_What to produce_: The required answer is an exact copy of every line from the beginning of the entries through the line with "Lowest Band Edge / 1RB", with all pictures omitted.

※ ※ ※

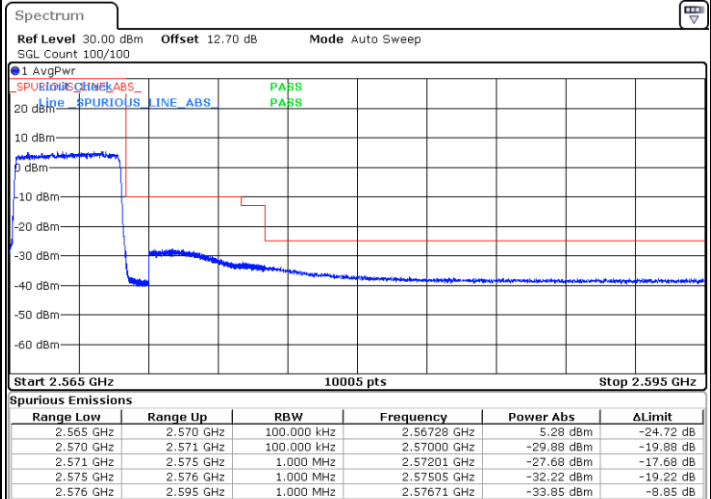

LTE Band 7 / 5MHz / 16QAM

Lowest Band Edge / 1 RB

Highest Band Edge / 1 RB

Date: 15.MAY.2020 09:55:36

Date: 15.MAY.2020 10:03:18

Lowest Band Edge / Full RB

Highest Band Edge / Full RB

Date: 15.MAY.2020 09:57:00

Date: 15.MAY.2020 10:04:41

LTE Band 7 / 5MHz / 64QAM

Lowest Band Edge / 1RB

Date: 15.MAY.2020 10:07:28

Highest Band Edge / 1 RB

Date: 15.MAY.2020 10:11:18

Lowest Band Edge / Full RB

Date: 15.MAY.2020 10:08:09

Highest Band Edge / Full RB

Date: 15.MAY.2020 10:12:00

LTE Band 7 / 10MHz / QPSK

Lowest Band Edge / 1 RB

Date: 15.MAY.2020 10:14:21

Highest Band Edge / 1 RB

Date: 15.MAY.2020 10:22:06

Lowest Band Edge / Full RB

Date: 15.MAY.2020 10:15:44

Highest Band Edge / Full RB

Date: 15.MAY.2020 10:23:30

LTE Band 7 / 10MHz / 16QAM

Lowest Band Edge / 1 RB

Date: 15.MAY.2020 10:15:02

Highest Band Edge / 1 RB

Date: 15.MAY.2020 10:22:48
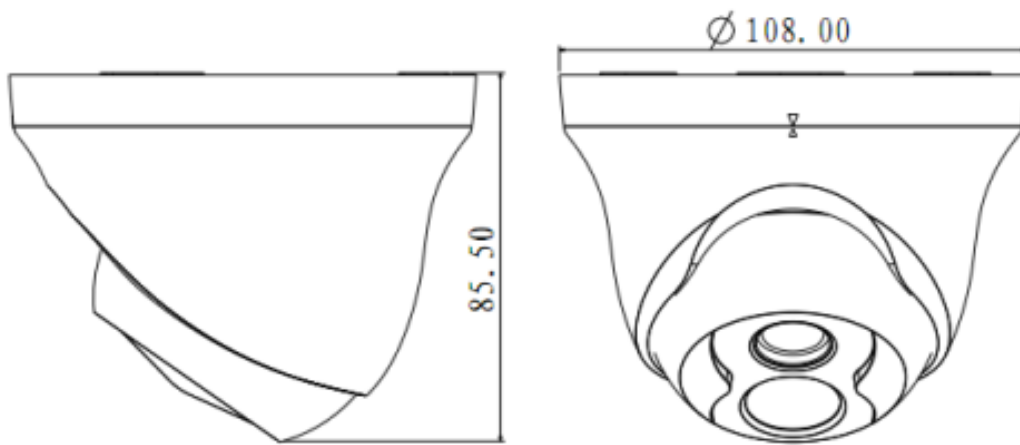

DH-CA-DW181H

Dimensions (mm)

Accessories (optional)

PFA130	PFA151	PFA152	PFB200W	PFA122

Dahua Technology Co., Ltd.

1187 BinAn Road, Binjiang District, Hangzhou, China

Tel: +86-571-87688883

Fax: +86-571-87688815

Email: overseas@dahuatech.com

www.dahuasecurity.com

*Design and specifications are subject to change without notice.

© 2013 Dahua Technology Co., Ltd.
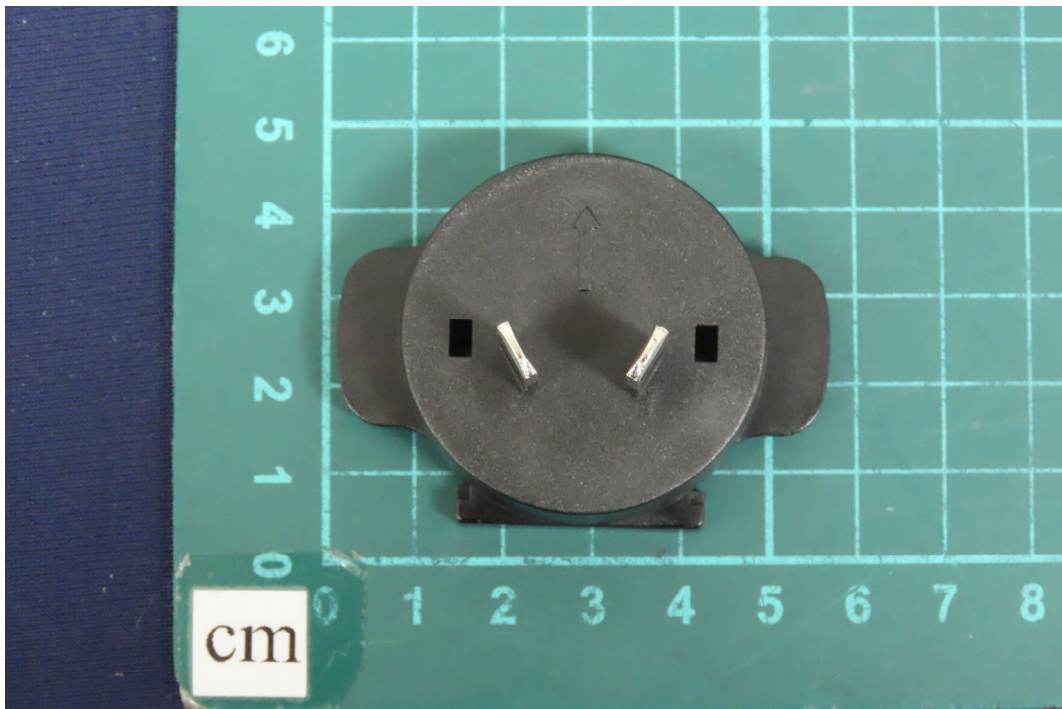

(31) EUT Photo

(30) EUT Photo
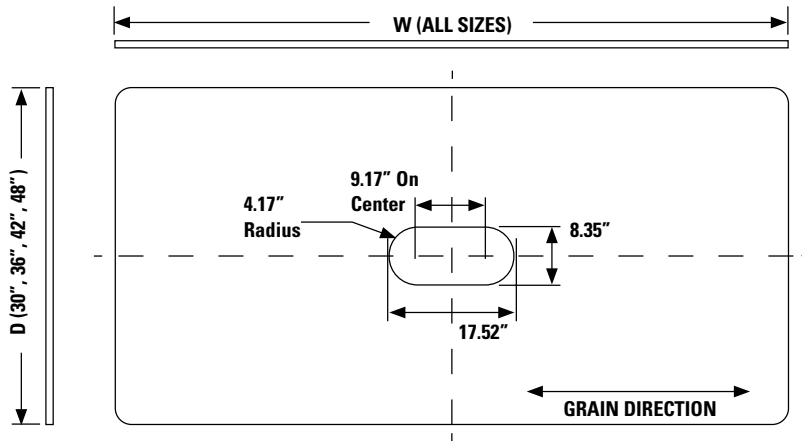

GROMMET LOCATIONS

NOTES:

1. **O2, OS** cut-out for SCTAPT + SCTAPR power accessories.
2. Cut-out not available for 18" and 24" deep tables.
3. Cut-out position **O2** available only.
4. These rules apply to both small and large radius table tops. Small radius top shown.
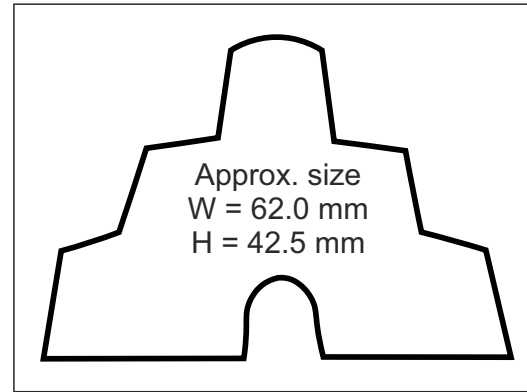

Approx. size
W = 40.5 mm
H = 63.0 mm

Egg Cup

Approx. size
W = 63.0 mm
H = 84.5 mm

Boot

Approx. size
W = 39mm
H = 87mm

Foot

Approx. size
W = 62.0 mm
H = 42.5 mm

Sandcastle

Approx. size
W = 62.0 mm
H = 62.0 mm

T-Shirt

Approx. size
W = 71.0 mm
H = 65.0 mm

Shell

Approx. size
W = 70mm
H = 55mm

Cloud

Approx. size
W = 46.5 mm
H = 46.5 mm

Shorts

Approx. size
W = 58.0 mm
H = 67.0 mm

Oak Tree

Approx. size
W = 58.5 mm
H = 75.5 mm

Tree

Approx. size
W = 87mm
H = 60mm

Devon & Cornwall

Approx. size
W = 58.0 mm
H = 85.0 mm

Scotland

Approx. Size
W = 90mm
H = 48mm

2000

Approx. size
W = 60.0 mm
H = 57.0 mm

Flower

Approx. size
W = 78.5 mm
H = 55.0 mm

Teapot

Approx. size
W = 77.0 mm
H = 51.5 mm

Scroll
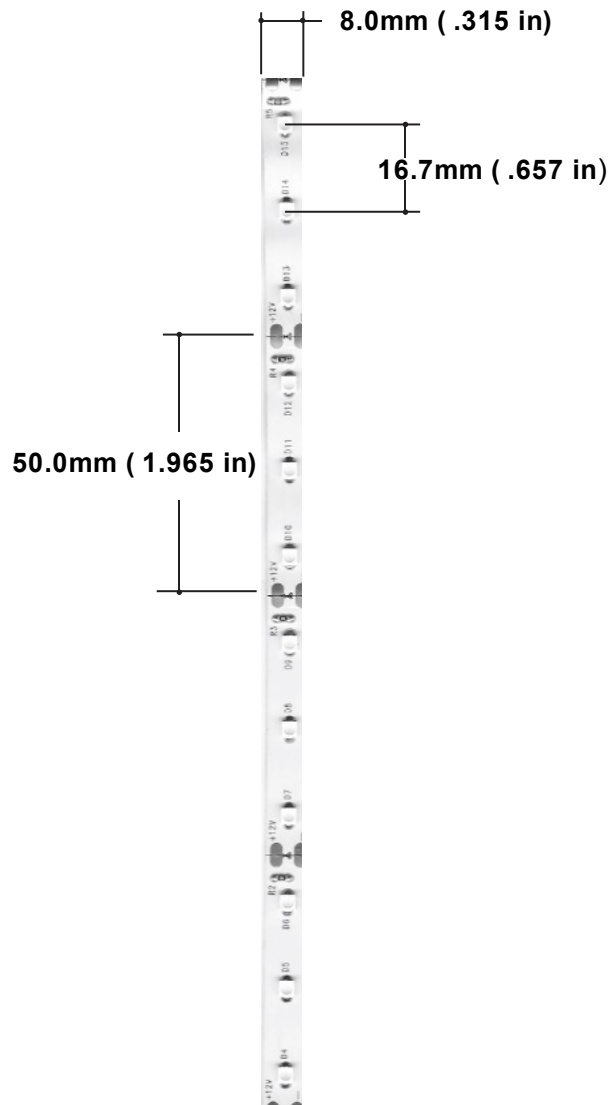

CITY THEATRICAL

NEW YORK • LONDON

475 Barell Ave., Carlstadt, NJ 07072

Voice: 800-230-9497, 201-549-1160

Fax: 201-549-1161

QolorFLEX 3528-12-WW-60-5-20-1 is an interior grade LED Tape with a medium low output (300 lumens/meter) brightness and a warm 2700°K color temperature. It is available in full 5 meter spools, sample strips and is included in our QolorFLEX Demo Kit.

QolorFLEX LED Tape

P/N 3528-12-WW-60-5-20-1

SPECIFICATIONS

Color(s)	Warm White
Color Temp	2700° K
Wavelength	N/A
Beam Angle	120°
Brightness (lumens/m)	300
Power Consumption (watts/5m)	24
Power Consumption (watts/ft)	1.46
Operating Voltage	12VDC
Current (mA/5m)	2000
Quantity of LEDs Per 5m (16.4 ft)	300
CRI	70
LED Spacing	16.7mm
Cutting Increment	50.0mm
Length	5m (16.4 ft)
Width	8mm
Average Life	25,000 hrs
Compliance	ETL
Warranty	Two Years
IP Rating	IP20
LED Chip Size	3528
Backing Color	White
Use Environment	Indoor
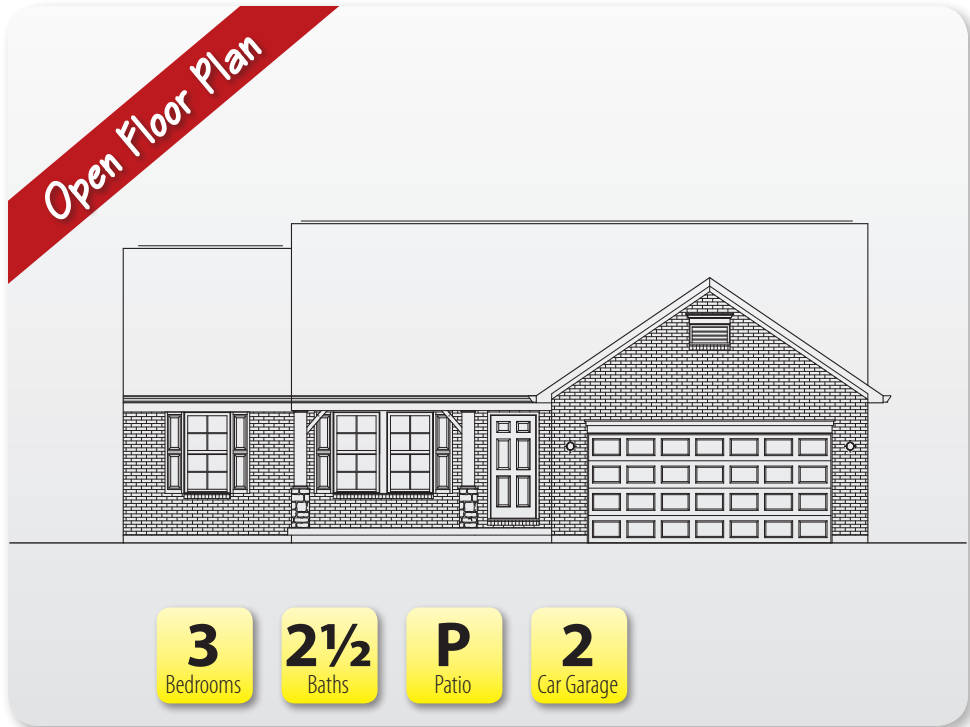

The Austin II

at Williams Woods

\$394,900

1219 Wellford Drive • Independence, Ky 41051
2,009 SF • Home Site WW289

ARLINGHAUS BUILDERS

Features

- Open Kitchen/Great Room
- LVT Flooring Foyer, Hall, Hall Bath, Laundry, Great Room, Kitchen & Dining Area
- Stainless Appliances/Granite Counters
- Large Owner's Suite
- Tile Shower in Owner's Bath
- Covered Patio
- Finished Basement w/Half Bath
- Rinnai Tankless Water Heater
- Trane® S9V2 Gas Furnace with XR14 A/C

Size

- 1st Floor 1,470 SF
- Lower Level 539 SF

3 Bedrooms
2½ Baths
P Patio
2 Car Garage

1st Floor

Lower Level

www.arlinghaus.com

Brochure is for illustration purposes only. Plan and pricing subject to change.
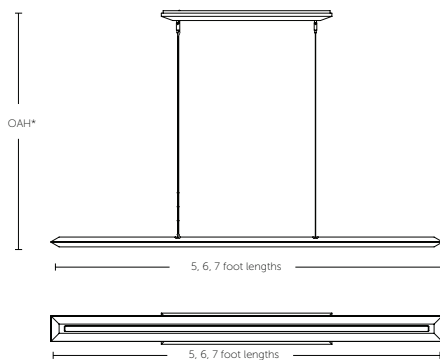

L 59.75" x W 4" x Frame Ht 1.5"

1518mm x 102mm x 38mm

25 lbs

11.4 kg

#C-10870

Standard 3000K/90+ CRI

50 total watts ~3600 Fixture Lumens

L 71.25" x W 4" x Frame Ht 1.5"

1822mm x 102mm x 38mm

29 lbs

13.2 kg

#C-10871

Standard 3000K/90+ CRI

56 total watts ~3600 Fixture Lumens

L 83.75" x W 4" x Frame Ht 1.5"

2127mm x 102mm x 38mm

33 lbs

15 kg

CANOPY OPTIONS

Full size (integral drivers) or 2" Medallions (remote drivers)

NOTES

- UL listed (or equivalent) for damp locations
- All fixtures are Universal 120-277V.
- Up-light and down-light wired for use with either one or two circuits
- Specify Height: 12" - 72" (304-1829mm)
- The lamps standard in this fixture can be dimmed with 0-10v, ELV or MLV style dimmers.

STEALTH 5', 6', 7'
C-10869

WITH INTEGRAL DRIVER

WITH REMOTE DRIVER
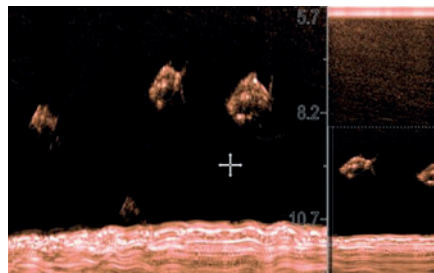

AXIOM™

NEW REALVISION™ 3D SONAR

SIMPLY SUPERIOR SONAR

Gyro Stabilized Sonar Technology

Gyro stabilization compensates for boat movement, delivering life-like 3D sonar imagery

All-in-One Transducer

RealVision 3D Transducers combine CHIRP DownVision, CHIRP SideVision, High Frequency CHIRP, and RealVision 3D into a single transducer housing.

Easy Fish Identification

Easily identify structure and locate fish with the life-like clarity of RealVision™ 3D sonar.

Wide Spectrum CHIRP sonar

Transmits on 60 different frequencies for the most life-like sonar imagery and simply the best fish targeting—hands down!

Powerful 4 Channel Sonar

Supports RealVision 3D, CHIRP DownVision, SideVision, High Frequency CHIRP with 600 Watt (50/200 kHz) sonar.

Images for illustrative purposes only

AXIOM™

ENHANCED AWARENESS

STAY SAFE WITH FLIR THERMAL AND RADAR
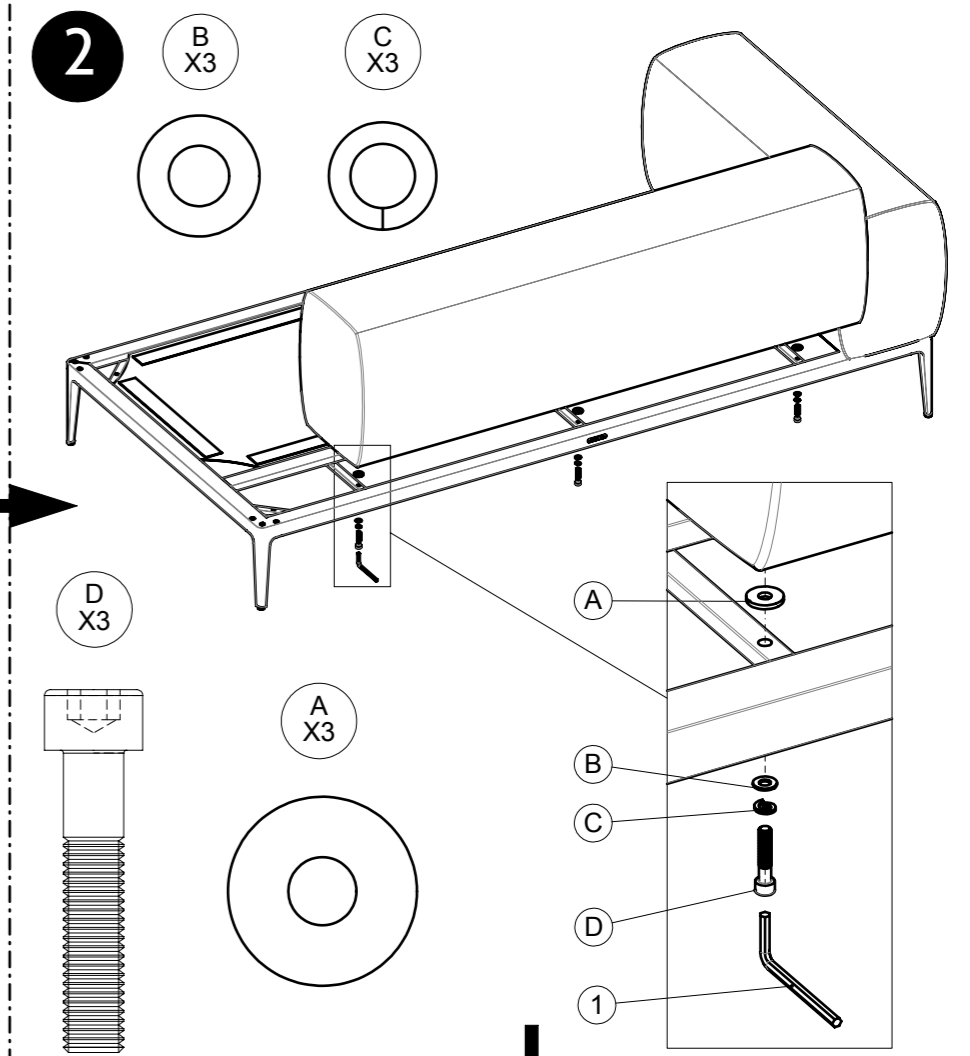

GLOSTER

714F
Grid Chill Unit Frame Only

1

A
x12

2

B
x2

LINKAGE 1

C
x4

D
x2

LINKAGE 2

E
x4

C
x8

GLOSTER

Grid Back Cushion And Arm Cushion

Assembly Instruction

 www.gloster.com
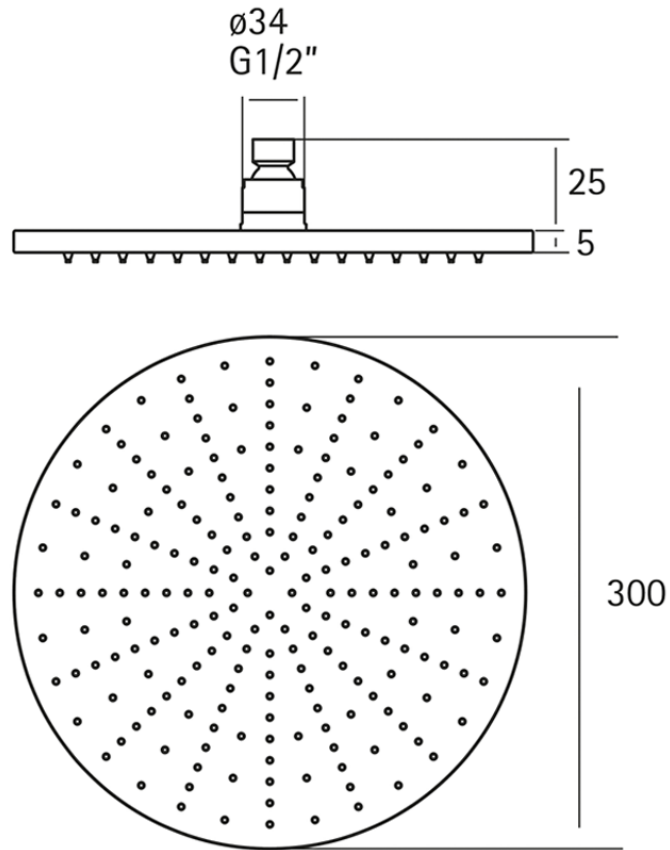

Lynox showerhead LYNOX_SS016420

SS016420

<https://en.huberitalia.com/lynnox-showerhead-lynnox-ss016420>

2026-04-29
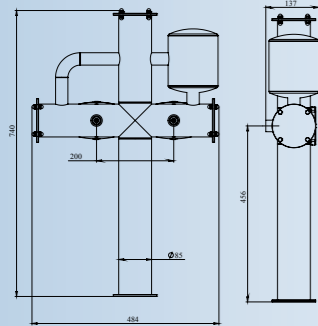

2-4
P303-3-PSS-NF

Neva
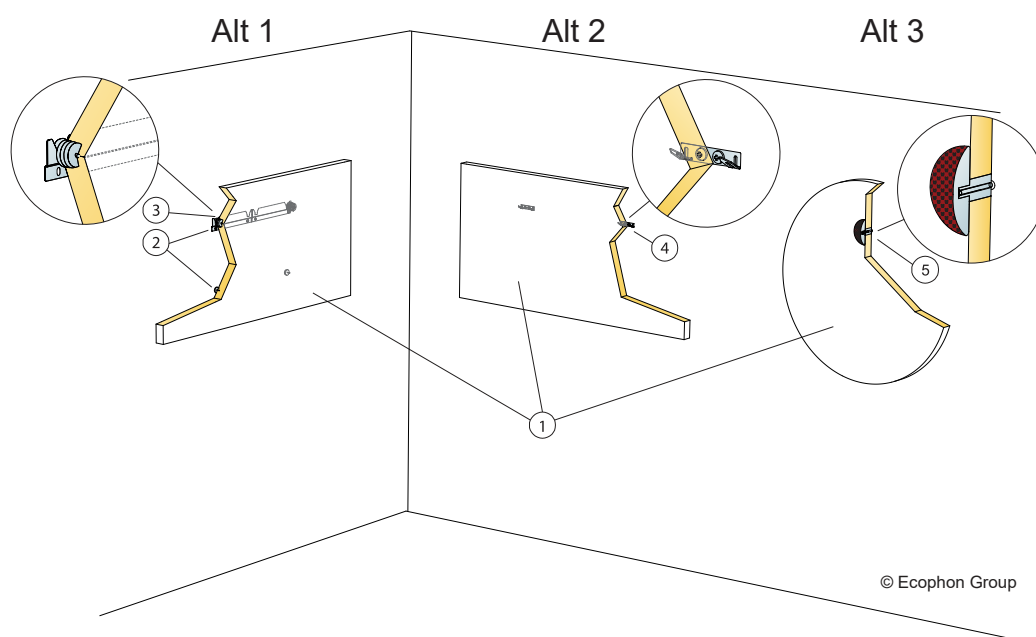

Akusto One

M371/372

© Ecophon Group

1. Ecophon Akusto One SQ
592x592
1192x592
1192x292
Ø 592
Ø 792
Ø 1192

2. Connect One trim

3. Connect Absorber anchor one

4. Connect One hook fixing

5. Connect One fixing

Ø 592
Ø 792
Ø 1192

11

※ ※ ※

_Answer box_:
LTE Band 7 / 5MHz / 16QAM

Lowest Band Edge / 1 RB

Highest Band Edge / 1 RB

Date: 15.MAY.2020 09:55:36

Date: 15.MAY.2020 10:03:18

Lowest Band Edge / Full RB

Highest Band Edge / Full RB

Date: 15.MAY.2020 09:57:00

Date: 15.MAY.2020 10:04:41

LTE Band 7 / 5MHz / 64QAM

Lowest Band Edge / 1RB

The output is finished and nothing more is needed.